The figure of the (post-) colonial subject as sojourner resurfaces in The Guestbook (2018), a video following Do Do, a Togolese actor, walking through Berlin. He encounters hallucinatory traces of the 1896 German Colonial Exhibition, reads documentation of the German colonization of his home country at the Berlin State Library, and follow clues to the site of “Nanking,” a Chinese restaurant which Chinese statesmen Zhou Enlai frequented when he lived in Berlin in the 1920s. However, the restaurant is long defunct, replaced with a bubble tea café/massage parlor. Talking to the owner, Do Do realizes he is decades too late to meet Zhou, and opts for cupping treatment instead. Filming with an entirely non-white cast, Chihying touches upon the rarely represented multicultural character of Berlin, and poses questions about anti-colonial solidarity. Did Zhou encounter African peers in Berlin, and what impact would they have had on his thinking? What has been left unresolved since he helped bring African states closer to China in the 1950s and 60s?
Other pieces are tied to traditional arts but more focused on the present moment, as China has become a source for investment in Africa in manner different from the anti-imperialist development projects of the previous era. For The Cultural Center (2018), Chihying created commemorative coins for Chinese-built cultural institutions (theaters, museums, etc.) in Africa.
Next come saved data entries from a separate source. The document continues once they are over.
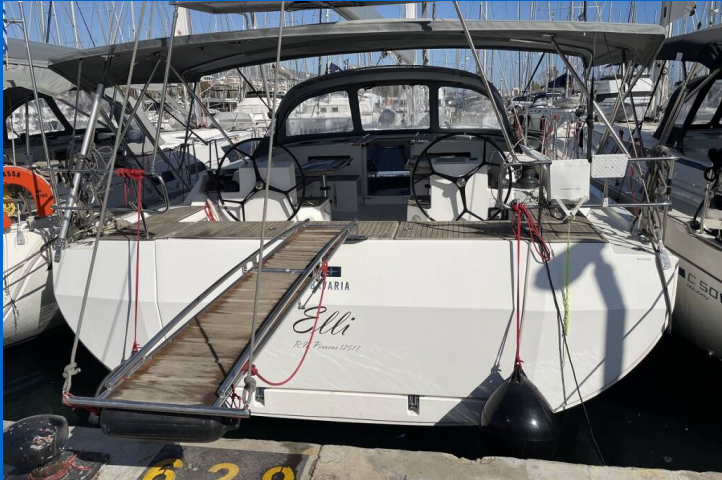

BAVARIA C50

Elli (2020)

Sailing yacht **Bavaria C50 Elli**, built in **2020** is anchored in the **Athens, Alimos marina, Athens area/Saronic/Peloponese, Greece**. It has **5 + 1 cabins**, can accommodate **10 + 2 people** and has **3 + 1 toilets**. Bed linen and kitchen equipment are included in the price.

YACHT SPECIFICATIONS

Yacht Base

Athens, Alimos marina, Greece

Yacht ID

2762

Brands

Bavaria

Yacht name

Elli

Production year

2020

Length

51 ft

Cabins

5 + 1

Berths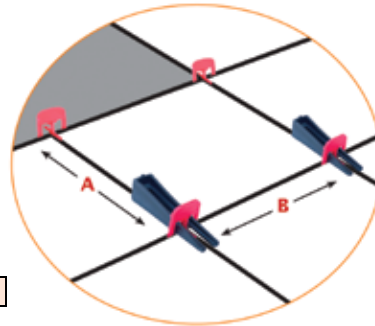

STRAIGHT BOND

Place on the corner of the tile (for any ceramic, stoneware, marble installation)

12	12								
13.2	11	10							
16	9	8	7						
18	8	7	6	5					
20	7	7	5	5	4				
24	6	6	5	4	4	3			
32	5	4	4	3	3	3	2		
36	4	4	3	3	3	2	2	2	
40	4	4	3	3	2	2	2	2	1
Inch	12	13.2	16	18	20	24	32	36	40

Tile side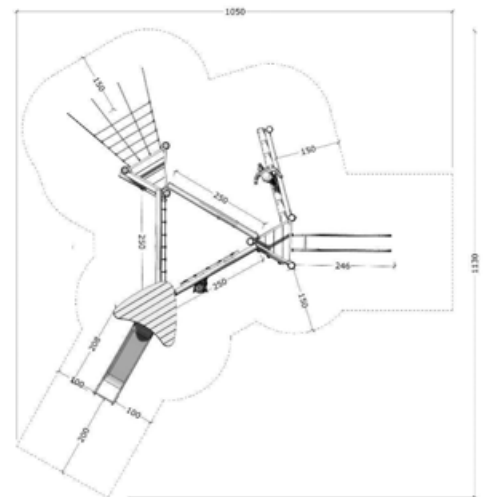

### Robinia square climbing system G596

Not To Scale

Age Group - 3+  
Fall Height - 220cm  
Safety Area - 6.8 x 6.8m  
Safety Area m2 - 42

### Robinia hexagonal climbing tower 3564

Not To Scale

Age Group - 3+  
Fall Height - 180cm  
Safety Area - 8 x 7.3m  
Safety Area m2 - 42

**Robinia tower 60114**

Not To Scale

Age Group - 3+  
 Fall Height - 180cm  
 Safety Area - 6.1 x 6.2m  
 Safety Area m2 - 27

**Robinia tower 60500**

Not To Scale

Age Group - 3+  
 Fall Height - 210cm  
 Safety Area - 11.2 x 10.2m  
 Safety Area m2 - 95

**Robinia tower 60402**

Not To Scale

Age Group - 3+  
 Fall Height - 180cm  
 Safety Area - 11 x 9.4m  
 Safety Area m2 - 64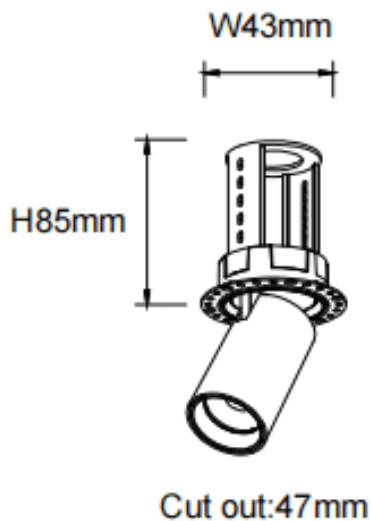

### PTT RT-Smart

Lavov downlight from the family PTT RT-Smart with a power of 7W and a beam angle of 15°. Finished in Black colour. Trimless version. With a total lumen output of 700lm and a luminous efficacy of 100lm/W. Made in Die Cast Aluminum. Driver Dimmable Casamby ready. CCT 3000K.

#### Dimensions

Product dimensions (mm) **ø52xH85mm**

#### Scheme

Item code	86.D148.1319.02
Product type	Indoor
Category	Downlights
Family	PTT
Subfamily	PTT RT-Smart
Pictograms	

Product	
Real power (W)	7
Real luminous flux (Lm)	700
Luminous efficiency (Lm/W)	100
Beam angle (&ordm;)	15
Life time (h)	50000 h L80B10
Colour	Black
Control gear included	Yes
Control gear	Dimmable Casamby ready
Flicker Free	Yes
Light source	LED
Type of LED	COB
Colour temperature (K)	3000
Colour consistency (SDCM)	SDCM<3
CRI	90

The Mask uses sketches, video projections of text, and a sound recording to let an art dealer from Côte d’Ivoire explain the story of five Ivoirian masks now in the possession of the National Museum of China. Letting the dealer speak on behalf of his country’s artifacts restores a sense of agency lost in their collection by a foreign institution. But it also remains ambiguous whether the dealer’s words, read out in Mandarin by an African student based in Beijing, are true or not. Chihying leaves the viewer questioning if both sides see eye-to-eye or are operating on the same level in these cultural and commercial exchanges.
Video elements of The Sculpture address European treatment of illegally acquired African artifacts, and introduce Xie Yanshen, a prolific collector of African art who has provided the National Museum with much of its African holdings. Implicitly, it asks if the privilege to collect and categorize can be separated from power, or if it shall always imply a hierarchical relationship, as evocatively staged in the portrait of Chihying-Malraux. Reexamining the image, the exhibition’s English title may gain new resonance: incongruously, a picture of a Terminator robot from the eponymous Arnold Schwarzenegger-starring movie series (catchphrase: “I’ll be back”) peers out next to the artist. The Terminator’s near-indestructible skeleton contains coltan, a rare metal, which it should come to no surprise, is predominately found in Africa and is used in mobile phones. Undertaken legally, the collection of African arts and crafts might be a comparatively innocuous pursuit, but it can’t be divorced from the pursuit of more valuable resources and the larger forces of power at play.